··· MATERIAL SUPPLIED

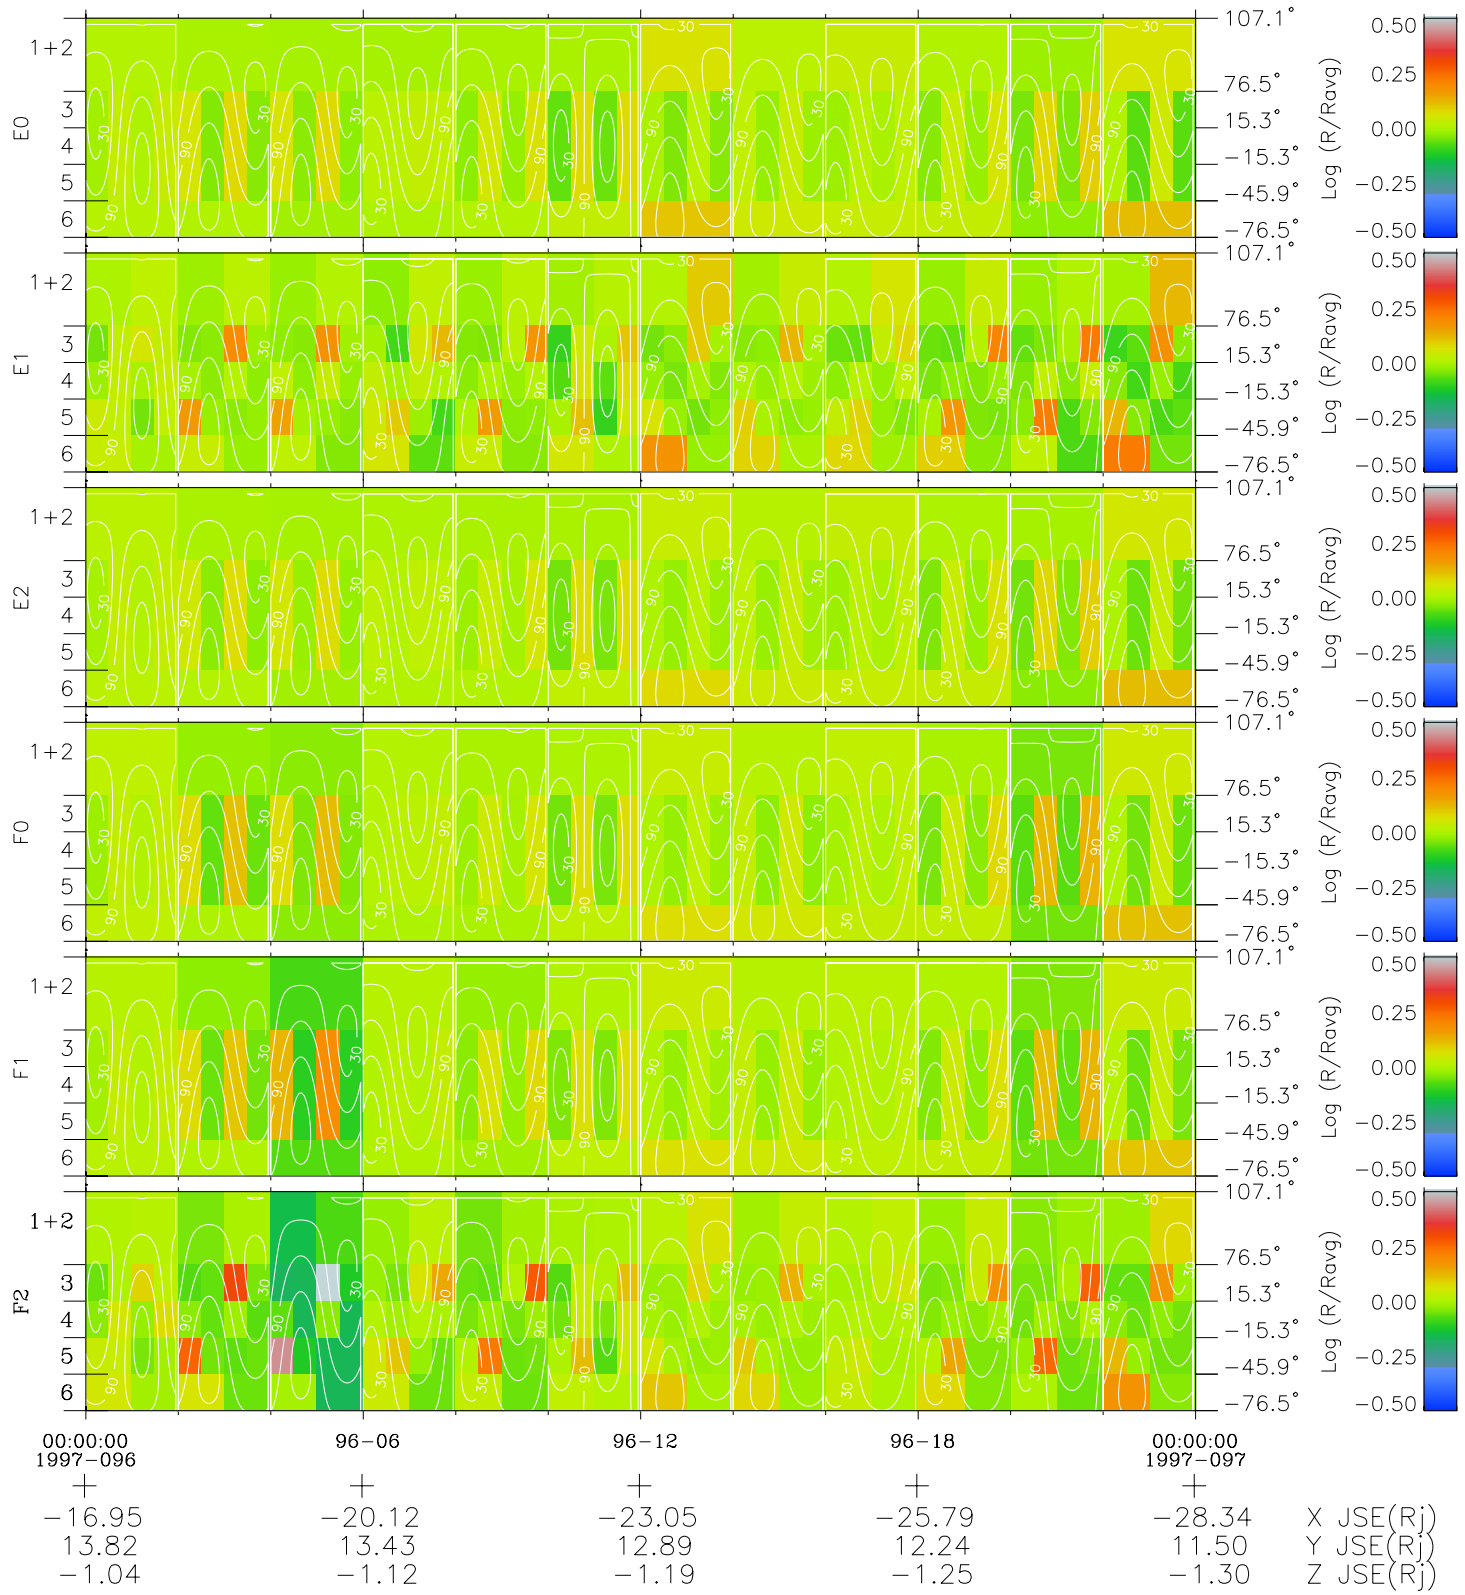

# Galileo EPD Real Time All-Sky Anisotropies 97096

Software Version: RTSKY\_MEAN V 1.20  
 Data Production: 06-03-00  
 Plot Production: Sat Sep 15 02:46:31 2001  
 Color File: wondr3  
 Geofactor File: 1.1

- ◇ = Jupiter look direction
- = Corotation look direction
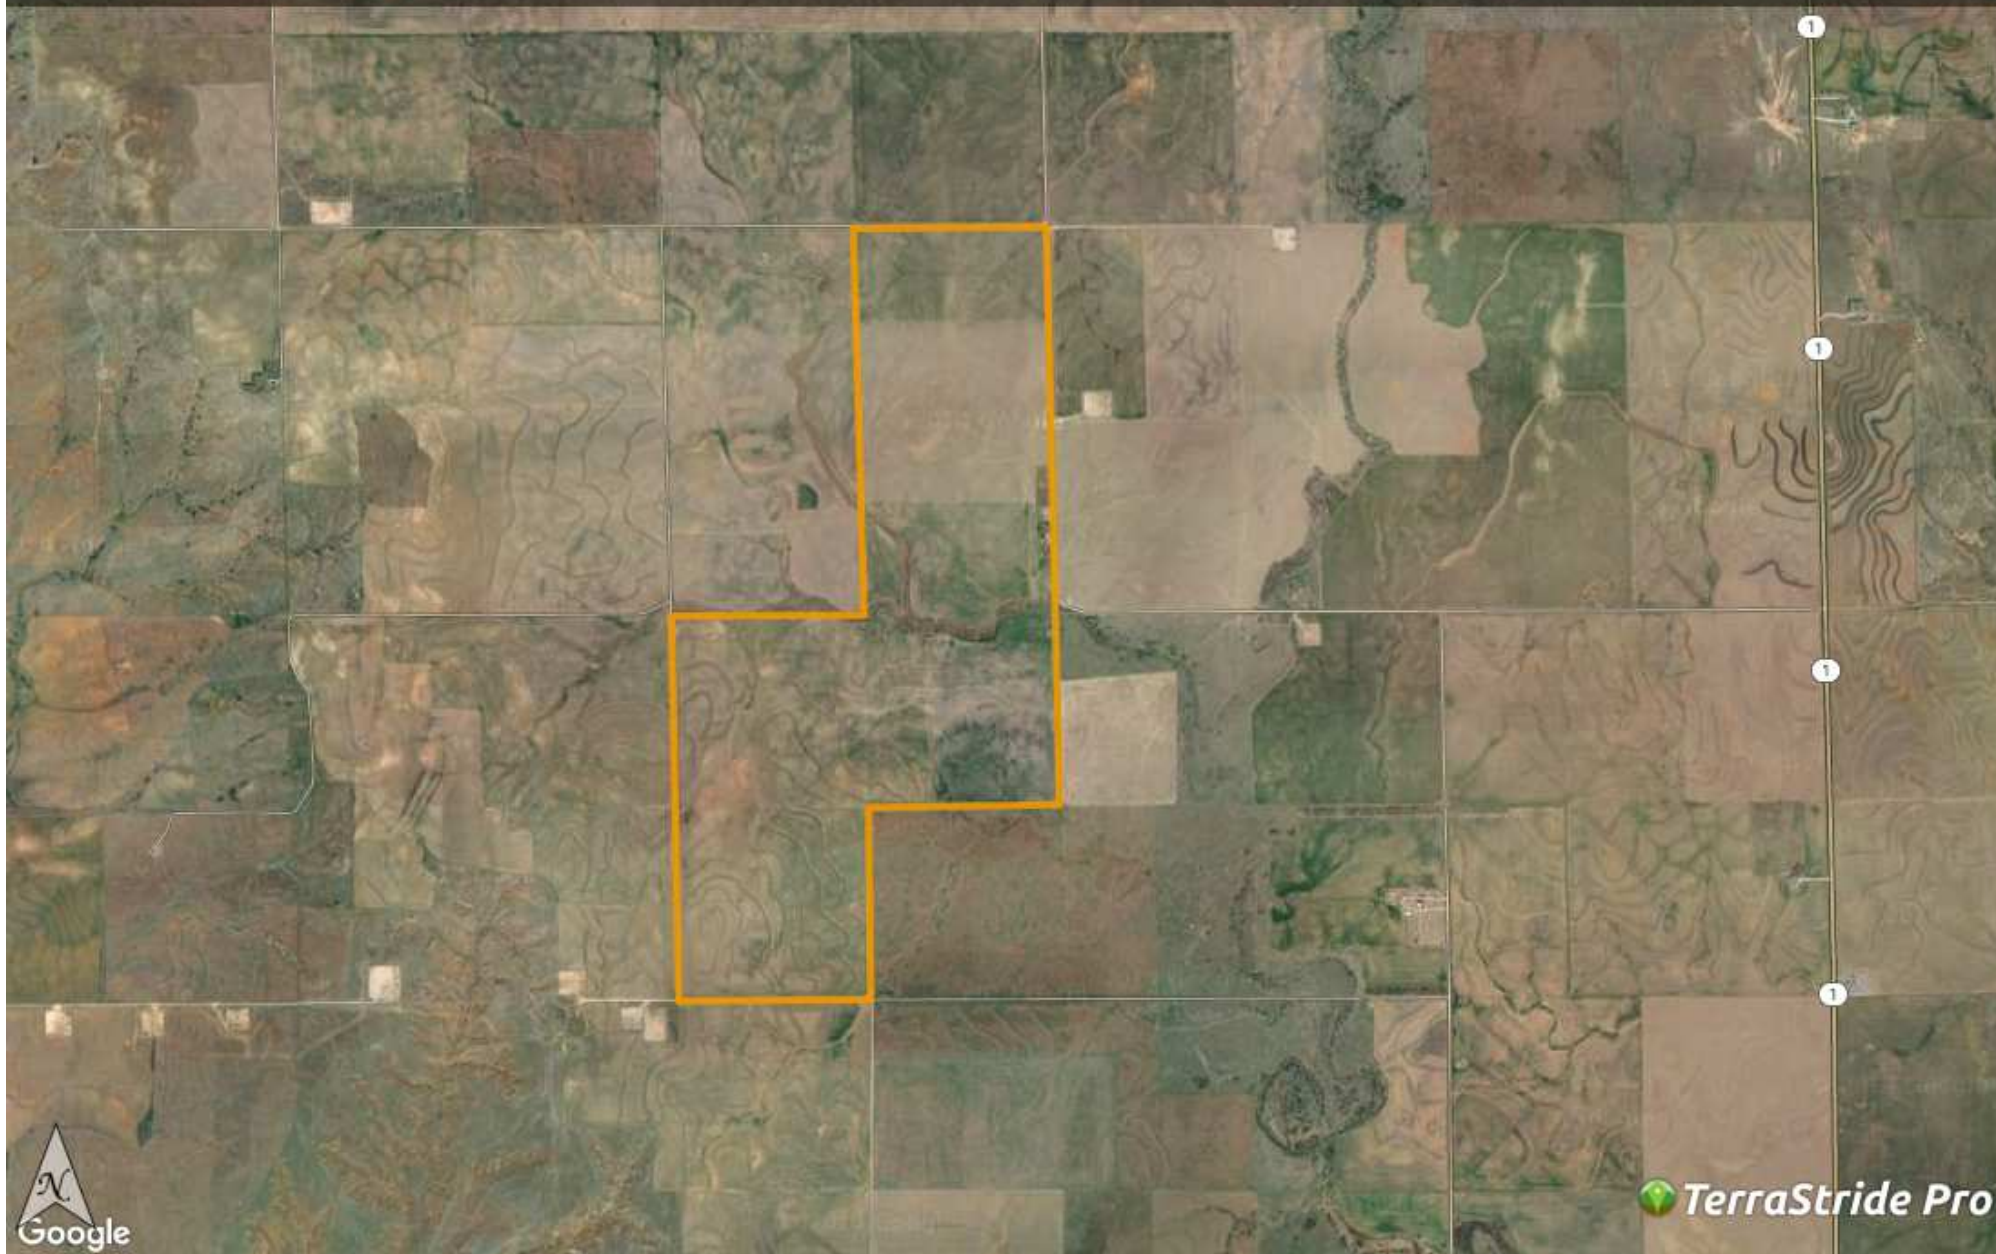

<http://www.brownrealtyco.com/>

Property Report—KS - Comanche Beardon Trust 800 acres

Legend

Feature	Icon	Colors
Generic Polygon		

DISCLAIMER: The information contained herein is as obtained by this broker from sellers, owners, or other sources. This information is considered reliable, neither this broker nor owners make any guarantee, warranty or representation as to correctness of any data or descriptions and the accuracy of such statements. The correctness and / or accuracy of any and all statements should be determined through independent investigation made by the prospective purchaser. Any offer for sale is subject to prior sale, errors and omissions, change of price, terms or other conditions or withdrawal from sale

······

**TASK ITEM**
Work from the entries above. Set down exactly and only the lines from the line with "Color File: wondr3" to the line with "Generic Polygon", both included, and leave the pictures out.

**SOLUTION TO THIS PROBLEM**
 Color File: wondr3  
 Geofactor File: 1.1

- ◇ = Jupiter look direction
- = Corotation look direction

<http://www.brownrealtyco.com/>

Property Report—KS - Comanche Beardon Trust 800 acres

Legend

Feature	Icon	Colors
Generic Polygon		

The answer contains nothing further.